Fachmesse: Hypermotion setzt 2021 auf hybrides Veranstaltungskonzept

Im Fokus der Leistungsschau stehen die Themen Hyperloop, intelligente Supply Chains, urbane Logistik und Mobilität sowie alternative Antriebe.

Die Hypermotion 2021 verfolgt ein hybrides Messekonzept: Die Ausstellungen und Konferenzen finden auf dem Messegelände in Frankfurt statt, können aber auch über eine digitale Plattform mitverfolgt werden. (Foto: Messe Frankfurt)
Die Hypermotion 2021 verfolgt ein hybrides Messekonzept: Die Ausstellungen und Konferenzen finden auf dem Messegelände in Frankfurt statt, können aber auch über eine digitale Plattform mitverfolgt werden. (Foto: Messe Frankfurt)
Sandra Lehmann

Die Messe Frankfurt Exhibition GmbH hat am 28. Juli im Rahmen einer virtuellen Pressekonferenz das Konzept für die Hypermotion 2021 vorgestellt, die vom 14. bis 16. September dieses Jahres gemeinsam mit der Automechanika in Frankfurt am Main sowie digital stattfinden soll. Das hybride Veranstaltungskonzept, das ein Live-Angebot auf dem Messegelände Frankfurt sowie einen Onlineteil umfasst, soll nach Angaben der Macher einen Mix aus Leistungsschau und Konferenzen abbilden. Im thematischen Fokus stünden in diesem Jahr Trends und Innovationen aus den Bereichen Hyperloop, Urbane Logistik und Mobilität, alternative Antriebe sowie intelligente Lieferketten. Innerhalb dieser vier Bereiche möchten die Veranstalter vor Ort und im Internet Diskussionen ermöglichen sowie Unternehmen, Start-ups, Anwendern und Investoren einen Rahmen zum Netzwerken und zum gegenseitigen Austausch zur Verfügung stellen.

Neues Konferenzkonzept

Dazu hat die Messe Frankfurt nach eigenen Angaben das Konferenzprogramm neu aufgesetzt.

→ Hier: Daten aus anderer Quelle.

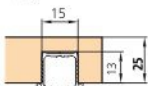

**Linha completa para portas de madeira ou de alumínio de até 16 kg com trilhos embutidos, sem remate no topo e sem canaleta na base**

- Design Inslide, Mixslide, Forslide (interno, mix ou externo do vão)
- Montagem "clipe" e ajuste manual de altura através da roda de ajuste
- 2 tipos de amortecedores embutidos e invisíveis com forças de 0-8kg e de 8-16 kg.
- Com Soft Stopper entre as portas que evita impactos com puxador
- Com perfil Z que foi desenvolvido para o uso em portas de alumínio

**Para portas de vidro com perfil colado de até 16 kg com trilhos embutidos, sem remate no topo e sem canaleta na base**

- Com 2 tipos de perfil delicado colado para vidro de 4 e 6 mm
- Montagem "Clipe" e regulagem confortável
- Dois tipos de amortecedores embutidos e invisíveis com forças de 0-8kg e de 8-16 kg
- Com Soft Stopper entre as portas que evita impactos com puxador

**Opção com trilho colado**

**EKU-CLIPO 26/36 - INSLIDE**  
Com trilho parafusado

**EKU-CLIPO 16 AL IS**  
Com perfil Z

**EKU-CLIPO 16 H MS**  
Design Mixslide

Neben den bereits bestehenden Formaten „smc – Smart Mobility and Green Cities Conference“ sowie dem „Hypermotion Lab“, sind 2021 die „scalex – Supply Chain + Logistics Excellence Conference“ sowie die „hyperloop conference“ neu im Portfolio. Alle vier Veranstaltungen, die sich jeweils auf die vier Kernthemen der Messe beziehen, sollen Podiumsdiskussionen, Vorträge, Tech Talks, Think Tanks sowie Start-up Pitches beinhalten und sich gegenseitig ergänzen.

Darüber hinaus plant der Veranstalter nach eigenen Angaben innerhalb der Fokusthemen unterschiedliche Talkformate und weitere Messeelemente. So sind etwa für den Bereich Hyperloop ein branchenübergreifendes Speed-Networking und sogenannte Masterclasses zur Vertiefung von Themen vorgesehen. Für den Schwerpunkt Urbane Logistik- und Mobilität konfiguriere der Veranstalter derzeit einen Future Mobility Park mit Erlebnisparcours. Das Thema alternative Antriebstechnik werde durch das Talkformat „Energy4Mobility“ im Hypermotion Lab sowie durch einen Future Mobility Marktplatz ergänzt. Im Bereich intelligente Lieferketten plant die Messe Frankfurt nach eigenen Angaben das „Trans4Log Lab“ in Kooperation mit der Logistics Alliance Germany und einen Smart Logistics Marktplatz.

Synergien mit der Automechanika heben

Im Zuge dieses Konzepts möchte die Messe Frankfurt auch Synergien mit der Automechanika heben, die erstmals zeitlich und räumlich mit der Hypermotion zusammen stattfindet. So solle unter andrem der Mehrwert digitaler Lieferketten und virtueller logistischer Produkte für den After-Sales- Automotive Markt deutlich hervorgehoben werden. Darüber hinaus sei der Aufbau einer gemeinsamen digitalen Plattform geplant, auf der Unternehmen ihre Produkte präsentieren und mittels digitalen Matchmakings neu Kontakte knüpfen können. Darüber hinaus biete die Plattform die Möglichkeit via Eins-zu Eins-Videos zu kommunizieren und durch Livestreams interaktiv an den Konferenzen teilzunehmen.

Für den Besuch auf dem Messegelände in Frankfurt gibt es dem Veranstalter zufolge sowohl für die Hypermotion als auch für die Automechanika ein umfassendes Hygienekonzept, dass die Messe Frankfurt nach Eigenangaben bereits im Juli bei mehreren Veranstaltungen umgesetzt hat.